Era Cándido, doente, sujo, suando em bicas, tombado sobre um dos barris.
— Não fale nada — sussurrou.
— Você está mal.
Benito saiu e regressou pouco depois com uma jarra de água fresca. Cándido bebeu até se saciar, estava desidratado. Pelo chão, havia restos de comida furtada das despensas, e um rato passou por cima de seu corpo. Benito se assustou.
— Os ratos não mordem — disse Cándido.
— Como você se enfiou aqui?
— Com o cara que trouxe os barris, em seu barco. Um dos marinheiros me ajudou a subir, eu disse que tinha me perdido...
Benito sabia o que significava trair o garoto madrileno, e não queria se expor novamente a sua ira. Não planejava dizer nada. De qualquer maneira, o que Cándido havia feito lhe parecia tão atrevido e temerário, tão grande e arriscado, que acabava por ser admirável. Tanta ousadia não era algo próprio dos humanos, mas dos heróis. Disse a ele que levaria parte de sua própria comida e água, da mesma que bebiam à mesa.
Quando conseguia se esgueirar da vigilância da mãe ou dos outros garotos, descia para ver Cándido.
— Por que você não sai? — dizia. — Não vão lhe fazer nada... O que você acha, que vão atirá-lo ao m... ao mar?
— Não, mas vão me castigar.
— E daí?

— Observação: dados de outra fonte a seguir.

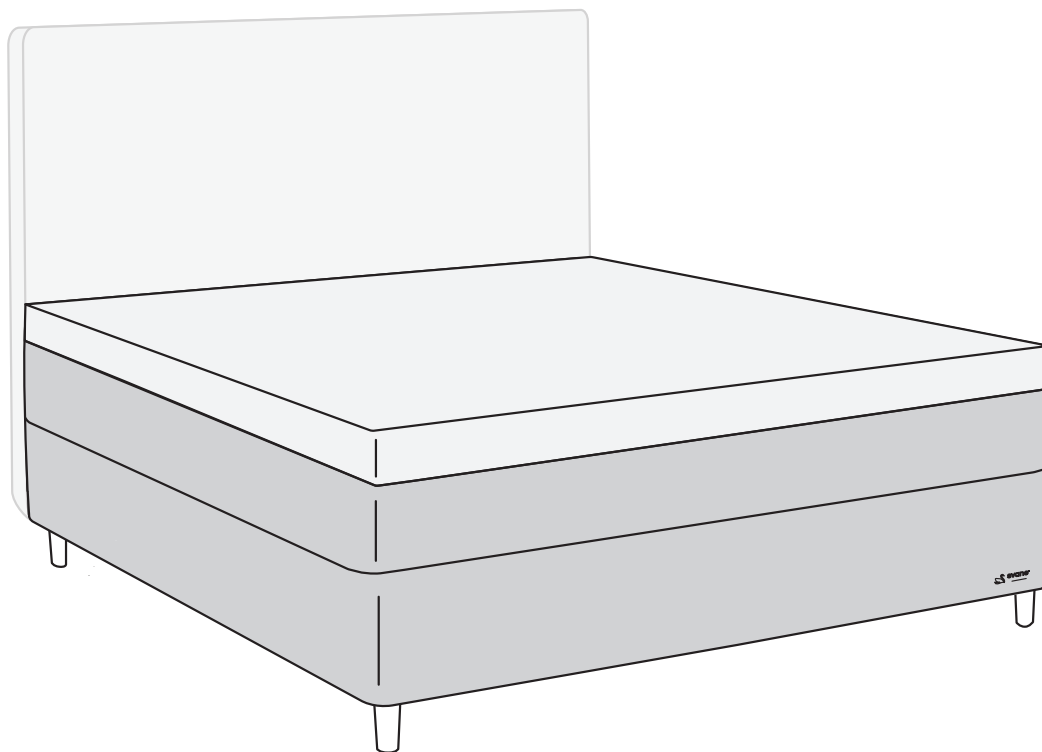

**For more useful information about
your new product, visit Service at:**
svanebeds.com

Ekornes Beds AS
NO - 1900 Fetsund
Tel. +47 63 88 33 00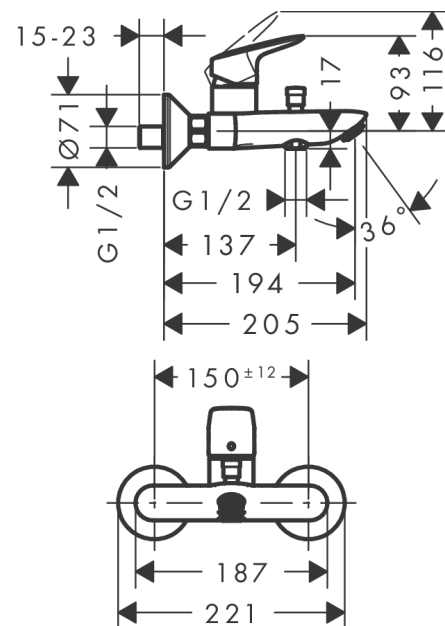

Logis

Single lever bath mixer for exposed installation

Surfaces: **Chrome** Article Number: **71400000**

Description

product features

- 2 functions
- projection 194 mm
- connection type: s-shaped connections
- centre distance: 150 ± 12 mm
- spray type mixer: normal spray
- flow rate for bath spout at 3 bar: 20 l/min
- flow rate of hand shower at 3 bar: 17 l/min
- ceramic cartridge
- temperature limitation adjustable
- diverter with automatic resetting
- non-return valve
- with silencer
- suitable for continuous flow water heaters
- connection dimension: DN15

Technology

Product image

Scale drawing

Logis
Single lever bath mixer for exposed installation
 Surfaces: **Chrome** Article Number: **7140000**

Flowchart

Logis
Single lever bath mixer for exposed installation
 Surfaces: **Chrome** Article Number: **71400000**

Exploded Drawing

Year of production: >01/15

Logis
Single lever bath mixer for exposed installation
 Surfaces: **Chrome** Article Number: **71400000**

Spare part list

Year of production: >01/15

Pos.	Description	Article Number	Price	PU
1	handle	92224000	-	1
2	screw cover	96338000	-	1
3	flange	97406000	-	1
4	nut	97977000	-	1
5	O-Ring 32x2	98193000	-	1
6	O-ring 40x1,5	98464000	-	1
7	cartridge, assy	92730000	-	1
8	locking screw for handle	95140000	-	1
9	seal	95008000	-	1
10	diverter knob	97981000	-	1
11	sleeve	97979000	-	1
12	selector	97978000	-	1
13	aerator M24x1 (30 l/min)	92360000	-	1
14	set of nuts	96157000	-	1
15	O-ring 15x2	98163000	-	1
16	connecting thread	97220000	-	1
17	filter packing	96922000	-	1
18	escutcheon Ø 70 mm	94135000	-	1
19	set of S-unions (±12 mm)	94140000	-	1
20	noise reduction	96429000	-	1
a	set of S-unions (±32 mm)	98592000	-	1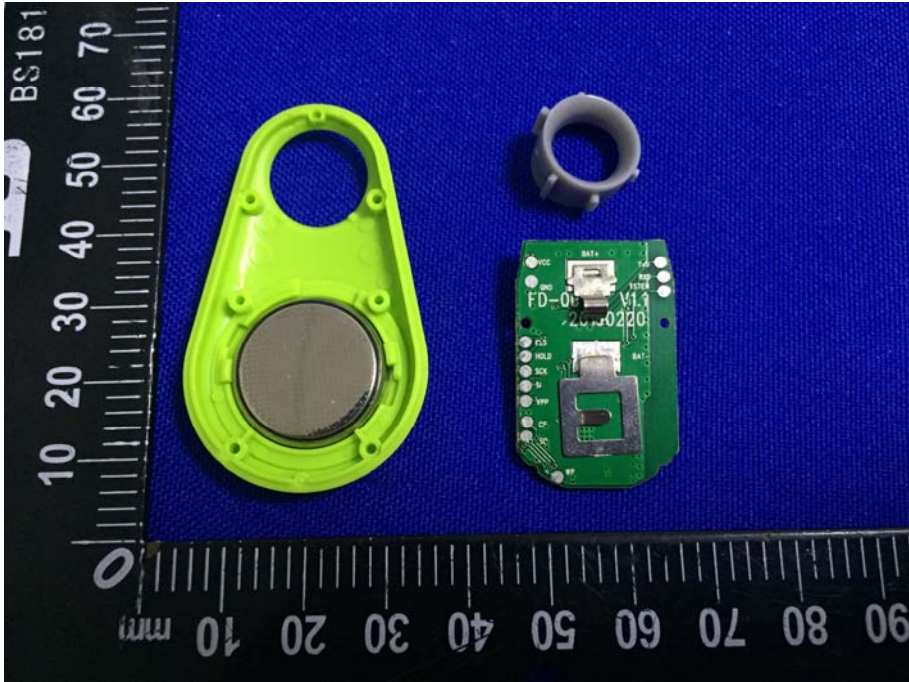

Product: finder

Model: JPAT1

Internal Photos

Bluetooth Antenna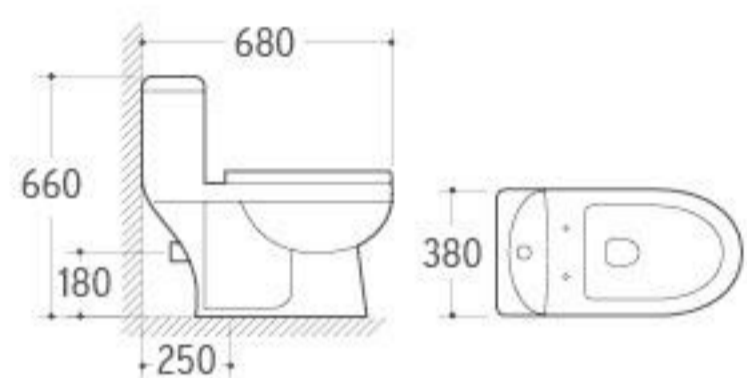

8247
Siphonic One-piece Toilet
Size: 725x365x650mm
S-trap: 300/400mm Roughing-in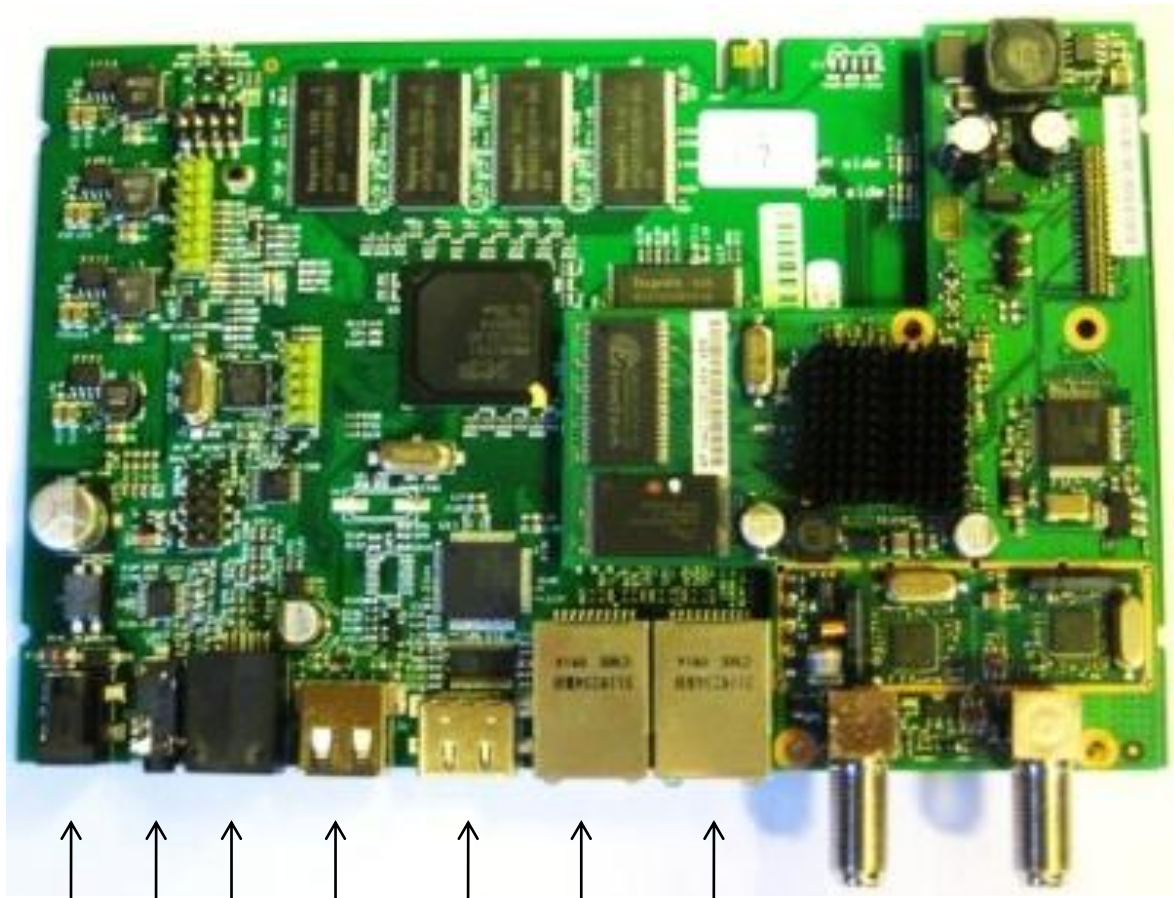

OTRUM IN-ROOM CLIENT

Key Features

- **Receiving Standards**
 - DVB-C format in a closed cable network
 - Supports digital video and audio content through TS interface and IP streaming
- **Supported Decoding Processes**
 - MPEG2 for SD (Standard Definition) and HD (High Definition) video content
 - MPEG4 for SD and HD video content
 - H264 for SD and HD video content
 - MPEG layer 1 and 2 for audio content
 - AAC for audio content
 - JPG and PNG for still picture content
- **Content Protection**
 - Verimatrix / Watermarking
- **Supported Video Formats**
 - Input: 480i, 480p, 576i, 576p, 720p, 1080i
 - Output: Upscaling of lower resolutions to 1080p
- **Video and Graphics**
 - 2 scaleable video and graphics planes
 - 2D graphics
 - Improved picture quality by video scaling filter

OTRUM IN-ROOM CLIENT

Key Features

- **Connections**
 - HDMI 1.3a with HDCP (High-Bandwidth Digital Content Protection) and prepared for CEC (Consumer Electronic Control) for TV
 - 1 x USB 2.0 for external devices
 - RJ45 port for CAT5 / CAT6 Ethernet communication
 - RJ45 port for Laptop connection
 - RJ11 6/6 port for TV control
 - Power input connector (typically 12V / 1,5A)
 - Board to board connector for TVM52 CC Module (DVB-C, Docsis)
 - Input connector for coaxial network
 - Coaxial output connector for TV
- **Other Features**
 - Media Processor: PNX 8935E
 - 256 MB RAM (512 MB supported)
 - 64 MB NAND Flash
 - Power consumption: 15W max.
 - Supply voltage: 9 – 18V

Se você continuar aqui, vai ficar cego por não ve... ve... ver a luz. Além disso, você está doente.
— Não quero esfregar o convés.
— Vão lhe dar um sermão e pronto, terão que a... aguentar.
Mas Cándido não estava escutando. Estava absorto em seus próprios pensamentos.
— Vou lhe contar um segredo — disse a Benito. — Eu gostaria de ter uma mãe, como você.
— Tenho certeza que minha mãe defenderá você.
— Mas o capitão me castigará...
Após um silêncio, Cándido perguntou:
— Como é ter uma mãe só sua?
Desconcertado, Benito respondeu:
— Bem... é alguém que sempre diz o que você precisa fazer, dá sermões e fica incomodada, mas então passa...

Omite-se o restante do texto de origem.